I spent my first 2 nights of my 14 day Ethiopian journey in the lovely Haile Resort on Lake Awassa (Hawassa). The resort is owned by national running hero, Haile Gabreselassie. Now turned business owner, he’s beloved in his country for his good care of his employees and his concern for fair wages and decent working conditions. I’ll buy that! The resort was recommended by my dear friend, Solomon, as the perfect location for post-flight rest and relax. He was spot on (note:no second guessing Solomon). I loved Haile Resort.. There are all sorts of reasons why; the bed was super cozy, my room had an excellent balcony view of the Lake, the food was great, the place was quiet and gorgeous. And, it was the only place in my entire 14 days where my bed was comfy and the hot water was reliable. I didn’t know that then, but I appreciate the memory now. The Lake was teaming with it’s own liveliness. A few days of birds, gardens, lush greenery – what’s not to love?
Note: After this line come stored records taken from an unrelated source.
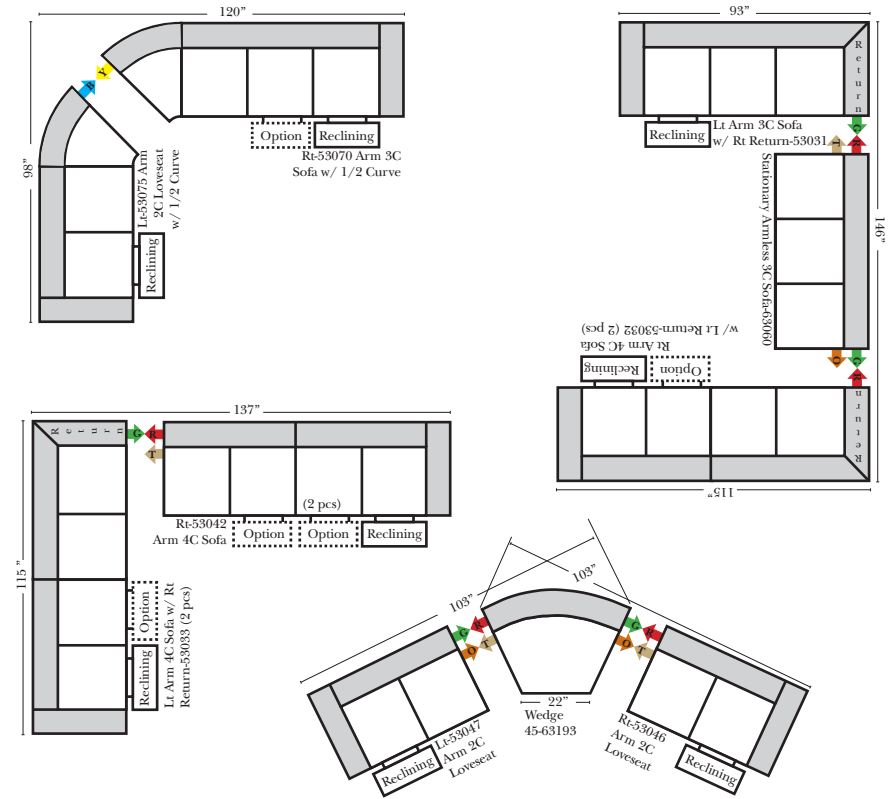

- Sleeper Options: (Additional charges apply)**
- Full Sleeper available w/Standard Mattress
 - Deluxe Innerspring Mattress: Full
 - Air Dream Coil Mattress: Full Only

Note:
All Dimensions are approximate, if accuracy is crucial, please contact us for validation of the dimensions shown. However, a 1" to 2" variance can still apply due to foam and upholstery.

All items on these pages are available as Stationary (Non-Reclining)

90 Degree / L-Shape Sectional

Bumper / Return Chaise & Conversation Sofas

Put Green Arrows with Red Arrows to Create Sectional Groups
Put Orange Arrows with Tan Arrows to Create Sectional Groups

Put Blue Arrows with Yellow Arrows to Create Sectional Groups

Sleepers

Suggested Configurations

The Suggested Configurations below are only a sample of what the imagination can create, please enjoy creating the configuration that fits your lifestyle, using the ideas below and from the items on the opposite page.

I also was lucky to get their mid-day rates (about $70 a night – which is mucho expensive by Ethiopian standards, but which felt like a fair price – it’s twice as expensive on the weekends!) Note in the image above, the fish eagle in the glorious fig tree outside my room. That fish eagle treated me to it’s unique call all day long. I was a happy birder in this place. I enjoyed the quiet of the resort (I was told it is more lively on the weekends – as is just about every place on the Lake). My time, in fact, was rather quiet and contemplative. I awoke early and watched the Lake life come alive and I spent the days exploring the area (Wondo Genet and the local fish market). I spent my evenings quietly enjoying the outdoor patio watching sunsets with a St. George beer. It was a good place for me – and allowed me to sink into Ethiopia with a few days of solo adventure. The solo piece was new to me. While I have traveled a lot in my life, I’ve always traveled in the company of family and/or children. This space started a 4 day solo stretch – alone – in Ethiopia. I would later join the company of 10 other women, but not quite yet. . First, learning how to spend time with myself. (“Really, this late in life?” you ask. My answer, “Why yes.”)
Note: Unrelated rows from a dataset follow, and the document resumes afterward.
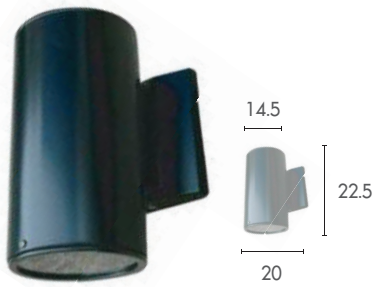

Compatible Bulb	LED Replacement
GENIE / E27 14W	LED-LA60 / E27 9W

700.-

OD-2803

Housing : Die-cast Aluminium
Painting : White, Black
Diffuser : Glass

Compatible Bulb	LED Replacement
GENIE / E27 14W	LED-LA60 / E27 9W
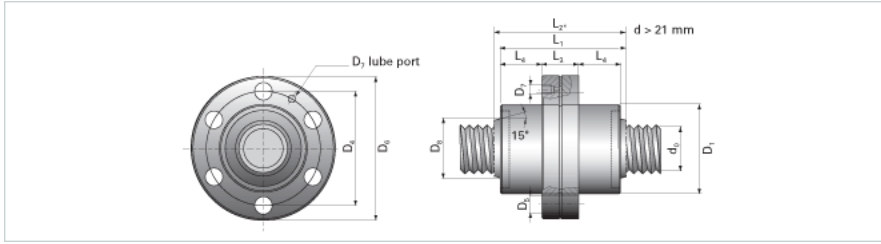

NRS SF 2W 23x8 w/Wiper

Call 800-321-7800 or visit us online at www.nookindustries.com to configure and order your NRS SF 2W 23x8 w/Wiper today!

Product Info

Nominal Rod Diameter [mm] 23

Details

Lead [mm] 8

End Code for Types 1,2,3,5 [* Journals may show tracings of the thread] 17

Dimensions

D1 [mm] 45
D4 [mm] 56
D6 [mm] 67
D7 M6
D8 [mm] 30
L1 [mm] 65
L2 [mm] 65
L3 [mm] 20
L4 [mm] 22.5
n x D5 6x7

Performance Specifications

I was surprised by the number of Ethiopians enjoying the resort – it was refreshing, as I expected to see a hotel full of foreign travelers like myself. I started my trip in full people watching mode – and added some birds to the mix (Hamerkop and Ibis featured in the pictures of mine, by the way). For those who wondered, I felt perfectly safe traveling solo and walking everywhere solo – although I should add that I was always with a local guide. The guides enriched my local experiences by considerable measure; solo is relative. I wouldn’t recommend traveling in Ethiopia without using the local guides – – they know a lot and really enhanced my experiences everywhere I visited.
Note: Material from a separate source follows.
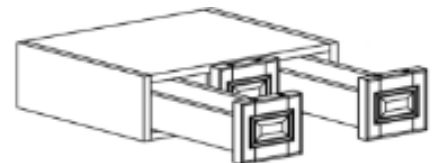

WALL END ANGLE CABINET

ITEM CODE	DIMENSIONS	PRICE
WSD1806	W18" H6" D12"	$155.36

Note:

This cabinet does not come with any drawer slide

(Edited commented for folks who asked me to check out alternatives in places I visited. I checked out Lewi Resort – the name came up a lot from others who had been to Awassa. Lewi Resort- it was also beautiful, but much much busier. The compound was far more complex – it included a puttputt golf course, bikes for taking out in the community, private tukul style accomodations, a pool, and piped in western music throughout the resort. If you are traveling with kids and want something that would allow for more ‘self-contained’ hours, perhaps you’d like it? I can’t comment on the rates – I visited the grounds but I didn’t ask anything about the rates. It didn’t really suit my taste – but I can see how a toddler or young one might find it a welcome refuge on a family adventure. I’d certainly advise that if you are visiting Lake Awassa, make it a weekday trip for best rates).